SOBOCINSKI: ¿Te inclinas hacia alguna filosofía política en particular?

BAGGE: Sí, tiendo a inclinarme hacia el libertarianismo bastante fuertemente.
SOBOCINSKI: Interesante. Háblame sobre ello.

BAGGE: Sí, bueno, hay un montón de posturas que el partido Libertariano ha tomado y que a nadie más parece importarle, pero creo que son muy importantes. Son el único partido que está abiertamente en contra de la guerra contra las drogas y que quieren legalizarlas, y de hecho, quieren legalizar todas las cosas que están clasificadas como "delitos sin víctimas", como las drogas, la prostitución, y cosas parecidas.
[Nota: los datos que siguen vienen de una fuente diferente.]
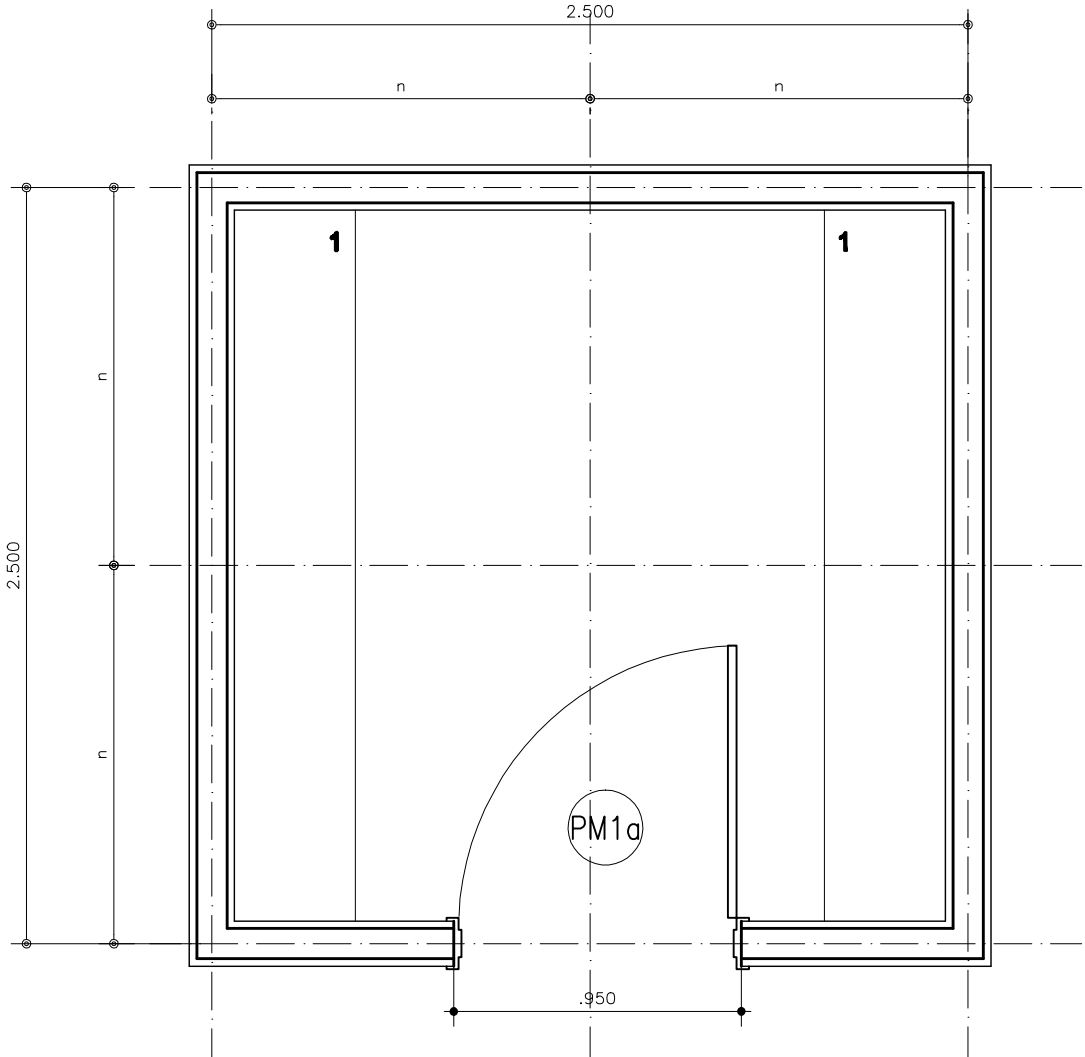

# REDE LUCY MONTORO

ARSENAL

Medida "n" padrão dos módulos: 1,25m

Área: 5.52 m<sup>2</sup>

PLANTA LAYOUT  
ESCALA 1/25
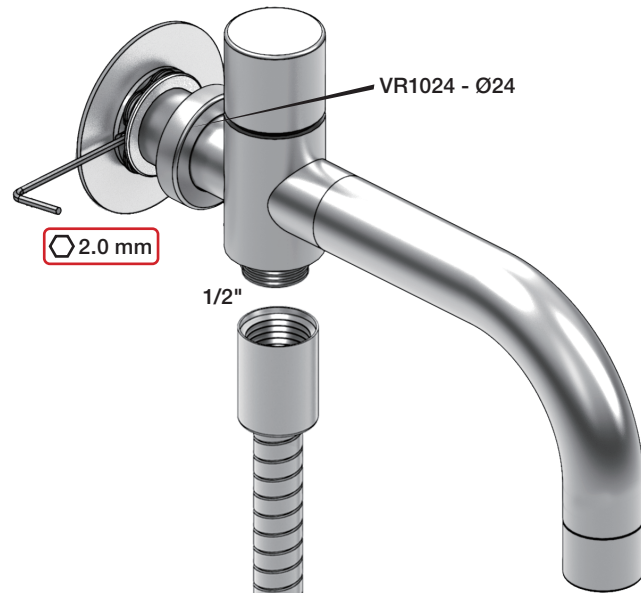

	L (mm)	L (Inch)
040	185	7 3/4"
040D	200	7 3/4"
040D/250	250	9 3/4"
040D/300	300	11 3/4"

1

010, 010C, 020, 020C, 030, 040, 040D

VR1020

12 mm

2

3

Ø19: 010, 020, 030, 040

VR1019 - Ø19

2.0 mm

Ø24: 010C, 020C, 040D

VR1024 - Ø24

2.0 mm

1/2"

Extension
Verlängerung

Forlængerdele
Förlängning

Están totalmente en contra de enviar nuestras Fuerzas Armadas al extranjero. Nuestras Fuerzas Armadas únicamente deben existir para proteger nuestras costas y nunca deberían ser enviadas al extranjero. A la larga sólo estamos empeorando la situación de la gente a la que estamos intentando ayudar porque no están aprendiendo cómo poner en orden sus propias problemas o resolver sus propios problemas. Es tan espantoso como parece. Incluso en un situación como la de Somalia, y sé que sonará muy insensible, pero aunque puede que nos haga sentir bien alimentar a gente hambrienta, tan sólo será una solución a corto plazo a un problema que hemos ayudado a crear, no sólo por entrometernos durante la Guerra Fría, sino por la introducción de todo tipo de tecnología e ideas occidentales que tienden a crear más caos del que están diseñadas para evitar.
SOBOCINSKI: O sea, que ese punto de vista permite apelar al sentido de la responsabilidad de la comunidad mundial o sólo se trata de un enfoque más aislacionista o...
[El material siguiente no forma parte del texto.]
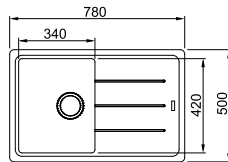

MARIS

01

03

Μοντέλο
BFG 611-97
Αντιστρεφόμενος

χωρίς ΦΠΑ € 310,92
με ΦΠΑ € 370,00

Optional

Βάση για ντουλάπι **60cm**
Εξωτερική διάσταση **970x500mm**
Άνοιγμα Πάγκου **950x480mm**
Διάσταση bowl **450x420x200mm**
Σημείωση **Ένθετη τοποθέτηση**

MARIS

01

03

Μοντέλο
BFG 611-78
Αντιστρεφόμενος

χωρίς ΦΠΑ € 277,31
με ΦΠΑ € 330,00

Optional

Βάση για ντουλάπι **45cm**
Εξωτερική διάσταση **780x500mm**
Άνοιγμα Πάγκου **760x480mm**
Διάσταση bowl **340x420x200mm**
Σημείωση **Ένθετη τοποθέτηση**

MARIS

02

03

Μοντέλο
BFG 620

χωρίς ΦΠΑ € 344,54
με ΦΠΑ € 410,00

Optional

Βάση για ντουλάπι **80cm**
Εξωτερική διάσταση **860x500mm**
Άνοιγμα Πάγκου **840x480mm**
Διάσταση bowl **2x337x420x200mm**
Σημείωση **Ένθετη τοποθέτηση**

MARIS

02

03

Μοντέλο
BFG 621
Αντιστρεφόμενος

χωρίς ΦΠΑ € 373,95
με ΦΠΑ € 445,00

Optional

Βάση για ντουλάπι **80cm**
Εξωτερική διάσταση **1160x500mm**
Άνοιγμα Πάγκου **1140x480mm**
Διάσταση bowl **2x340x420x200mm**
Σημείωση **Ένθετη τοποθέτηση**
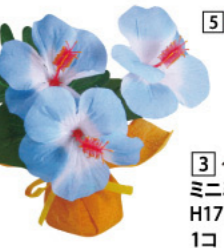

スタンド・立木 ステキなスタンドと大きな立木でリゾート空間を演出。

1 022102
ハイビスカスウッドスタンド
H50×W24×D24cm
1コ ¥3,000
ポリエステル・天然素材
出荷単位:1

2 022009
ニューヤシスタンド
H78×W56×D56cm
ベース13×13cm
1コ ¥4,600
紙・スチロール・天然素材・PE
出荷単位:1

3 022532 2分割商品
ヤシ立木
H200×W100cm
ベース33×33cm・実15cm
1本 ¥15,000
ポリエステル・紙
出荷単位:1 10/CTN
お客様組立商品

置物 明るい色合いのハイビスカスやヤシの木で気分は常夏!

1 002026
ハイビスカス&プルメリア落輪セット
花Φ4cm
1セット ¥840
ポリエステル
出荷単位:1

2 022600
ミニミニポットプルメリア
H17×W13×D13cm
1コ ¥180
ポリエステル・スチロール・不織布
出荷単位:24 24/288

3 022588 レッド

5 022590 ブルー

3~5
ミニミニポットハイビスカス
H17×W13×D13cm
1コ ¥300
ポリエステル・スチロール・不織布
出荷単位:12 12/288

4 022589 ピンク

スプレー ちょっとした場所に飾るだけ! 併せて使えば華やかさUP☆

※4本使用イメージ

4 022585 レッド

5 022586 ピンク

6 022587 ブルー

4~6
スプレー
ハイビスカス&プルメリア
W24×L60cm
1本 ¥280
ポリエステル
出荷単位:24 24/288

7 022562
スプレー
ハイビスカスミックス
L60cm・花Φ7~8cm
1本 ¥220
ポリエステル
出荷単位:24 288/CTN
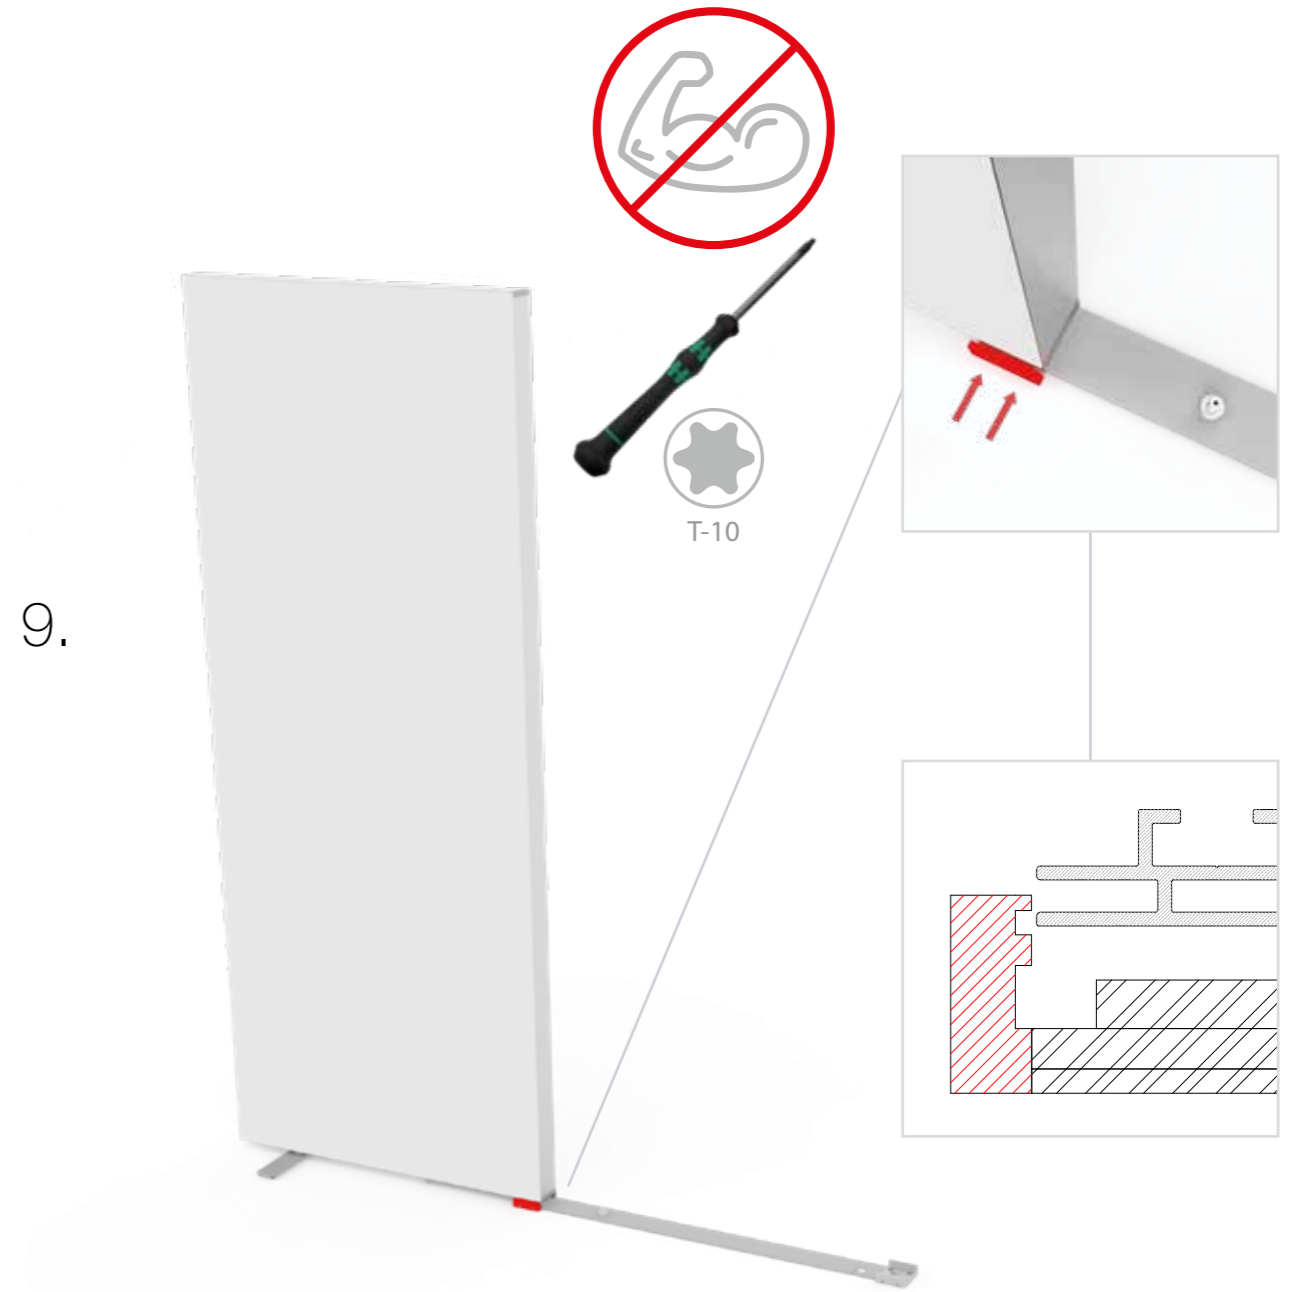

Gerade Version/straight version 4
Aufbauanleitung/set up instruction

Eck- & Kojenversion/corner & storage version.....30
Aufbauanleitung/set up instruction

BIG LED UP DOOR

1.

TÜR/DOOR

TÜR/DOOR

TÜR/DOOR

6.

7.

GERADE VERSION/STRAIGHT VERSION

GERADE VERSION/STRAIGHT VERSION

GERADE VERSION/STRAIGHT VERSION

GERADE VERSION/STRAIGHT VERSION

8.

9.

GERADE VERSION/STRAIGHT VERSION
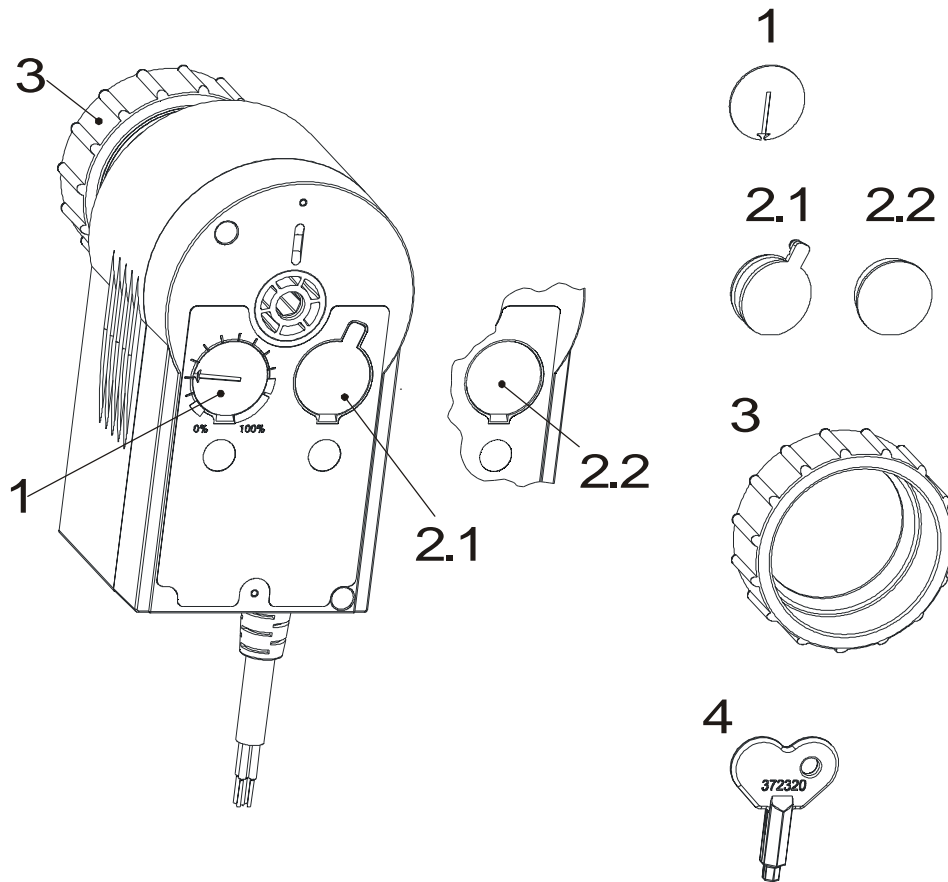

AVM 104 F...
AVM 104S F...
AVM 114 F...
AVM 114S F...
AVM 105 F...
AVM 105S F...
AVM 115 F...
AVM 115S F...
Produkt-Index: Alle
Product index: All

Service Dokumentation
Service Documentation

7020005036 02

Ersatzteile Seite 1

Spare parts page 1

X	Gültig/Valid
	Sistiert/Suspended
	Ungültig/Discontinued

© Fr. Sauter AG
CH – 4016 Basel
Tel. 061 695 55 55
Fax 061 695 55 10

Sauter Components

Pos. Item	Bezeichnung Designation	Stk./Gerät Qty./Unit	Typ Type	Produkt-Index Product index	Teile Nr. Part-no.
1	Stellungsanzeiger Position indicator	1	alle all	alle all	0372110 001
2.1	Flexibler Abdeckstopfen Flexible Blanking plug	1	AVM 105S F ... AVM 115S F ...	ab D starting D	P100003885
2.2	Abdeckstopfen Blanking plug	1	AVM 104S F ... AVM 114S F ... AVM 105S F ... AVM 115S F ...	alle all bis C up to C	0372113 001
3	Gegenmutter Lock nut	1	alle all	alle all	0372038 001
4	6KT-Schlüssel Allen key	1	alle all	alle all	0372320 001

BAGGE: Los libertarianos tienen una ideología a la que nunca me he adherido completamente, y muchos de ellos tampoco lo han hecho: los que ocupan un puesto político se dan cuenta de que simplemente no puedes deshacerte de las escuelas públicas u otras cosas parecidas. Pero creo que con la forma en que se ha gobernado este país durante los últimos 30 o 40 años, e incluso la forma en que se ha gobernado en los municipios, pienso que una fuerte dosis de filosofía libertariana es exactamente lo que necesitamos ahora mismo. El gobierno se ha metido en un montón de zonas en las que realmente no debería haberse metido. Básicamente su verdadera y explícita filosofía debería ser preocuparse por la violencia y el engaño. Violencia en el sentido de protegernos contra otros gobiernos que quieran invadirnos. Por ejemplo tu vecino no puede entrar en tu casa y golpearte en la cabeza. Y respecto al engaño, el gobierno debería intervenir si alguien te ha estafado, o si violan un contrato o cualquier otra cosa por el estilo. Eso es todo de lo que debería preocuparse. Todo lo demás debería estar al cuidado de la empresa privada. Pero actualmente han ido un poco más allá, siempre han ido mucho más allá. [Risas.] Así que el gobierno se está metiendo en áreas para las que no están capacitados, pero el pueblo ha decidido que esas cosas deberían ser atendidas por los gobiernos, y ahora mucha gente parece creer que la salud debería estar manejada por el gobierno. Y realmente no tengo ningún argumento respecto a ese tema, pero si lo vamos a hacer así, deberíamos asegurarnos de que estamos haciendo un buen trabajo. El gobierno tiene que demostrar que es capaz de hacer un trabajo mucho mejor que la empresa privada, porque si no, ¿para qué demonios estamos haciéndolo? El gobierno está jodidamente loco. No tiene ninguna credibilidad. No me importaría darle al gobierno un solo centavo si pensara que se lo va a gastar correctamente. Pero su mayor gasto actual es para pagar su gran endeudamiento. Estamos liquidando la deuda de la gente que compró bonos del Tesoro para que el gobierno pudiese seguir funcionando, y una tremenda cantidad de esas personas somos tanto particulares como bancos o empresas en el extranjero, lo que significa que todos esos dólares que salen de los impuestos que estamos pagando, todo esos intereses que estamos pagando, van directos al gobierno. Es como si directamente estuviéramos espalando el dinero fuera del país, y no consiguiéramos nada a cambio. [Risas.]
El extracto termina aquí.